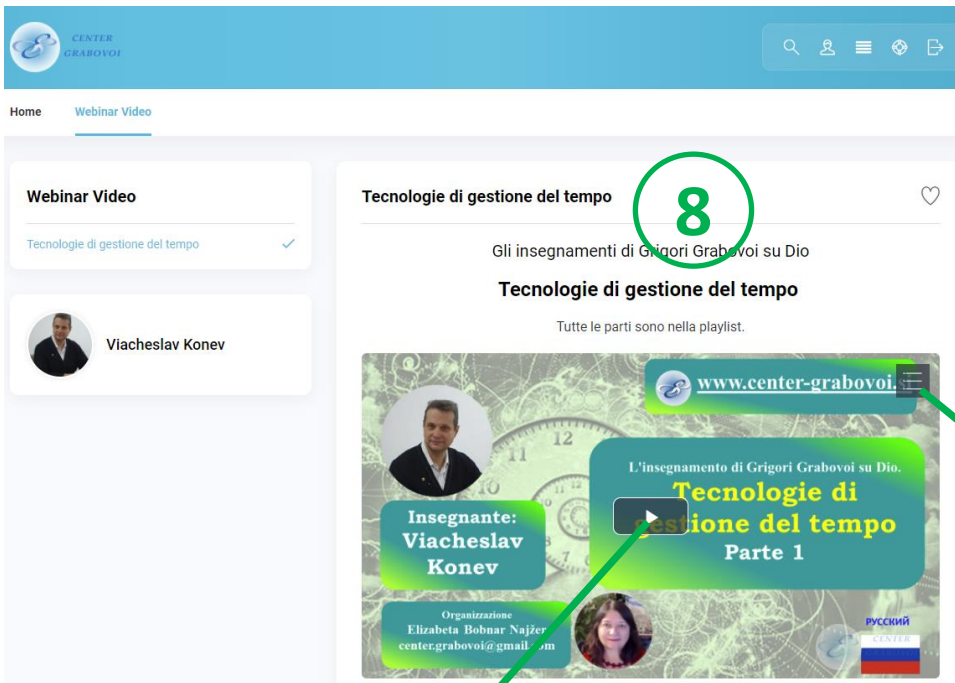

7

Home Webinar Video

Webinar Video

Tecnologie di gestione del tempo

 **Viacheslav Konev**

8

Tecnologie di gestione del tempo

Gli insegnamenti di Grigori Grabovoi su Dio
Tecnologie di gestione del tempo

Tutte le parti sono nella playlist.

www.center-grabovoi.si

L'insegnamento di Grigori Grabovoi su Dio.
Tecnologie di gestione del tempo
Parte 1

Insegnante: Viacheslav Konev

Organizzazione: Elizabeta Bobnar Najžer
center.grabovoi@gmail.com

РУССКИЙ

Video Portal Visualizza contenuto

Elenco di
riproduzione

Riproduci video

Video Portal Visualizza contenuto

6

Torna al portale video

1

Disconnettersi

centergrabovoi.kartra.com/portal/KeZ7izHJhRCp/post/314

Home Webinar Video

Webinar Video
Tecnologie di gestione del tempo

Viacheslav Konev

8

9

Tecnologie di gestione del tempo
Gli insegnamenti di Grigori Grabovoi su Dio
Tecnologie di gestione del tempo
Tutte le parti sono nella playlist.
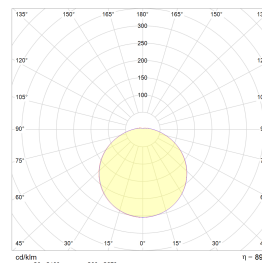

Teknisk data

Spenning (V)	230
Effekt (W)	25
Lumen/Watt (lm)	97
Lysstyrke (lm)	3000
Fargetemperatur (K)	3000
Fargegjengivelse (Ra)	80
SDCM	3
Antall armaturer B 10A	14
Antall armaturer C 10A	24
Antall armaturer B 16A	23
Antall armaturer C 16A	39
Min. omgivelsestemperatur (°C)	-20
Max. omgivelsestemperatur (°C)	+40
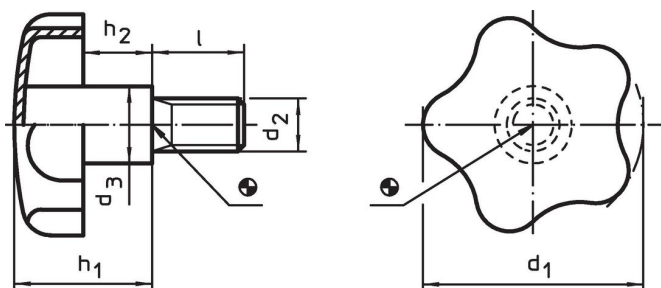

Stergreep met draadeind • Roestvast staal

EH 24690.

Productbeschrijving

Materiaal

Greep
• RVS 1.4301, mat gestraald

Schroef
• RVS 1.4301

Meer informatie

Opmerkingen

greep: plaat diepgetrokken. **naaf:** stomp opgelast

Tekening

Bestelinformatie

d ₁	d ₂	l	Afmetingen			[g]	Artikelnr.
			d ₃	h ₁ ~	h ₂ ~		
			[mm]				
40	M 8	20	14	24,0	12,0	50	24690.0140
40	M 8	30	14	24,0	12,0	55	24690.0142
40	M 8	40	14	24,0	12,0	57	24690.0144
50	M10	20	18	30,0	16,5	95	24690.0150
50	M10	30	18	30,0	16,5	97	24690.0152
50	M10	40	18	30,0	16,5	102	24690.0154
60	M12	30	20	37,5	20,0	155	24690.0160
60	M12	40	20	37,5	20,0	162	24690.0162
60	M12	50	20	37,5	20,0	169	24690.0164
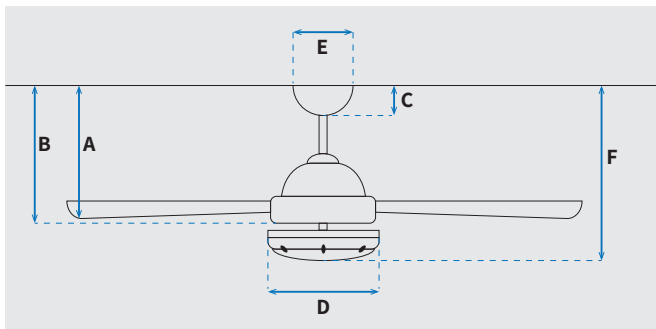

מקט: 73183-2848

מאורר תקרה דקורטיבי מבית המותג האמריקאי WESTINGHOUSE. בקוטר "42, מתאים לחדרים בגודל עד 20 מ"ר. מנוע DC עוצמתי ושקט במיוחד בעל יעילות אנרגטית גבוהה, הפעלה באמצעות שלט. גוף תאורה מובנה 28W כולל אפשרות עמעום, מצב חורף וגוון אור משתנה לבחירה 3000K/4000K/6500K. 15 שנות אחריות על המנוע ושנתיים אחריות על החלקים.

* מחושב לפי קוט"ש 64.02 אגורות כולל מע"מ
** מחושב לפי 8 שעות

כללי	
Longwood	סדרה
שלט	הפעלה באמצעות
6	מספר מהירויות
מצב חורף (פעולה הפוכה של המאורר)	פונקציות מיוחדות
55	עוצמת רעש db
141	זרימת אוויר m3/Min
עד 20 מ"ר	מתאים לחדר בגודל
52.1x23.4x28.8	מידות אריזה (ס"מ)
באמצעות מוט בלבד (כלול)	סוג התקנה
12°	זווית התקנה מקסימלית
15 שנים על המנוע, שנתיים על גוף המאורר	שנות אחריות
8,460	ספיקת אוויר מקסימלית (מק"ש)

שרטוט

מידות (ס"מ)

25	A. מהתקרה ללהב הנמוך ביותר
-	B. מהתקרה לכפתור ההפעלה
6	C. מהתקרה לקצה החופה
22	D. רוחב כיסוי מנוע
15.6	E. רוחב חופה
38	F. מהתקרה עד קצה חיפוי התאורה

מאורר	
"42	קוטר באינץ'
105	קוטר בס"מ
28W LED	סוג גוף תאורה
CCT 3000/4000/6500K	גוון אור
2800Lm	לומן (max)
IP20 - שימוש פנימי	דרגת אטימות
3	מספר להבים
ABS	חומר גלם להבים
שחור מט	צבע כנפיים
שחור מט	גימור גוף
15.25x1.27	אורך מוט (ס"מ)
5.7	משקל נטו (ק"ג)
· · · ·
*What is needed:*
Among the lines of the data, find every one that holds "התקנה" and copy it.

*Exercise output:*
באמצעות מוט בלבד (כלול)	סוג התקנה
12°	זווית התקנה מקסימלית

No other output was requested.